### Work required:
How do the lines below between the ones holding "西宮市民大会 女子ダブルスA級" and "岡本 幸大 甲風園テニススクール", inclusive, read? Give them again exactly, with no other lines.

### Listed entries:
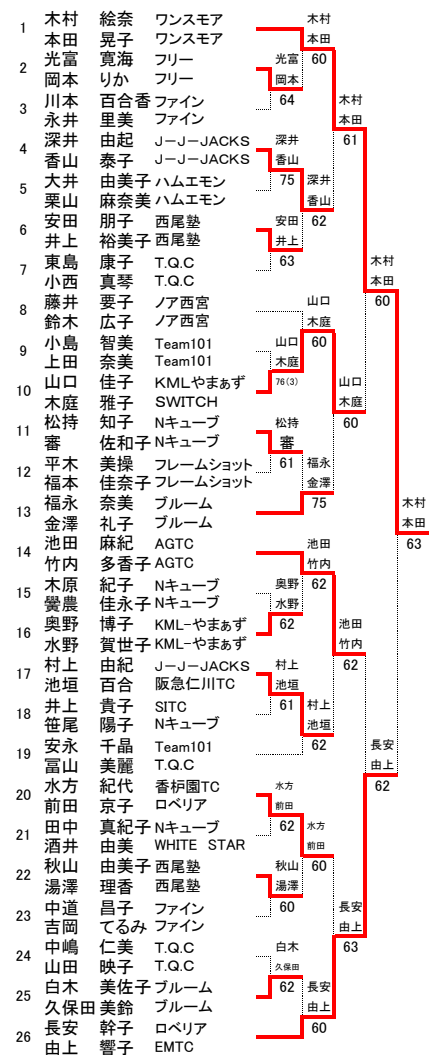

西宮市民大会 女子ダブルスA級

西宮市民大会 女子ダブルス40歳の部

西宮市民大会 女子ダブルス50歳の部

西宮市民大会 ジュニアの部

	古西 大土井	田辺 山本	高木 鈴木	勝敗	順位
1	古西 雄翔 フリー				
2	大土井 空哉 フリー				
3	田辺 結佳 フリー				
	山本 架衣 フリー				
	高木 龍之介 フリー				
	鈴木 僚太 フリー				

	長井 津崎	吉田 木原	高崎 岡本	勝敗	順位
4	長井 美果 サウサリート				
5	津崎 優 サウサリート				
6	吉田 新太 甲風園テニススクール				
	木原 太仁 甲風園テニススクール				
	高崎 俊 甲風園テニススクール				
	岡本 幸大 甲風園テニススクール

* * *

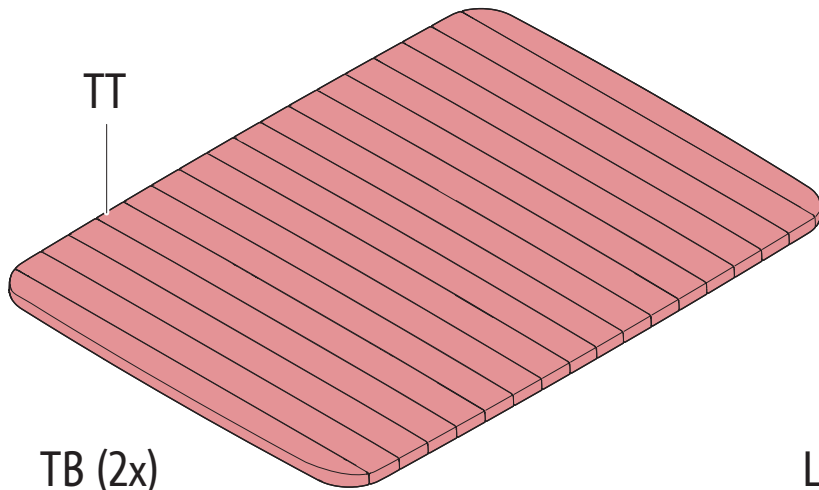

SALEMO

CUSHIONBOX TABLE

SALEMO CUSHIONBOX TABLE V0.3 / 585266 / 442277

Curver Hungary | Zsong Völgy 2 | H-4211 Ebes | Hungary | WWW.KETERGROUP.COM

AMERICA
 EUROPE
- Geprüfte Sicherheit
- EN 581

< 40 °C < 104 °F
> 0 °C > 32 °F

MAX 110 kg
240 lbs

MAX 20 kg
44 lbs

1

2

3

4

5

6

...

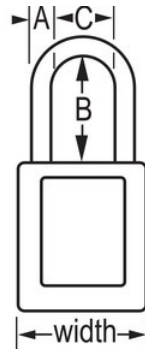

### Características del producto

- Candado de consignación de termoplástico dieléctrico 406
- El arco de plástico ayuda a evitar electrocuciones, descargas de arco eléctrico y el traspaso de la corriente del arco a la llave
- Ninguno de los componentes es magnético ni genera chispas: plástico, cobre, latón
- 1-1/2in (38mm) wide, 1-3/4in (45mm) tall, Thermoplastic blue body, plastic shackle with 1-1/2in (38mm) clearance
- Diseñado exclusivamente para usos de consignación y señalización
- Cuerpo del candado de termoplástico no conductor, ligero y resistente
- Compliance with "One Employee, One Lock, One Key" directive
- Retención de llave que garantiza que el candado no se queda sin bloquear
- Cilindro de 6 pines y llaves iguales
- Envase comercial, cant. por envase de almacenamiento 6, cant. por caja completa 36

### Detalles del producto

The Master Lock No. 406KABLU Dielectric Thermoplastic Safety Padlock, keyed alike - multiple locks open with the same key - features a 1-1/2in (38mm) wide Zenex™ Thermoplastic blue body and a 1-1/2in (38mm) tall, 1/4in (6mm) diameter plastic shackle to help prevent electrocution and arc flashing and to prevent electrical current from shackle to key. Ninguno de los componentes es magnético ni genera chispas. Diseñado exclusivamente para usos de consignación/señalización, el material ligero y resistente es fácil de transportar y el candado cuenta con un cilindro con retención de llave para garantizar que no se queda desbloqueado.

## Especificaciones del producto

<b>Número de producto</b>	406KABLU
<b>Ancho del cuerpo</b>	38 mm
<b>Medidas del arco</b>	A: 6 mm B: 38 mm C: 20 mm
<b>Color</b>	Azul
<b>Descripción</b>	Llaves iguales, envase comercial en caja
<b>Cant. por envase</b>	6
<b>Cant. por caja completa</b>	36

### Response to this task:
西宮市民大会 女子ダブルスA級

西宮市民大会 女子ダブルス40歳の部

西宮市民大会 女子ダブルス50歳の部

西宮市民大会 ジュニアの部

	古西 大土井	田辺 山本	高木 鈴木	勝敗	順位
1	古西 雄翔 フリー				
2	大土井 空哉 フリー				
3	田辺 結佳 フリー				
	山本 架衣 フリー				
	高木 龍之介 フリー				
	鈴木 僚太 フリー				

	長井 津崎	吉田 木原	高崎 岡本	勝敗	順位
4	長井 美果 サウサリート				
5	津崎 優 サウサリート				
6	吉田 新太 甲風園テニススクール				
	木原 太仁 甲風園テニススクール				
	高崎 俊 甲風園テニススクール				
	岡本 幸大 甲風園テニススクール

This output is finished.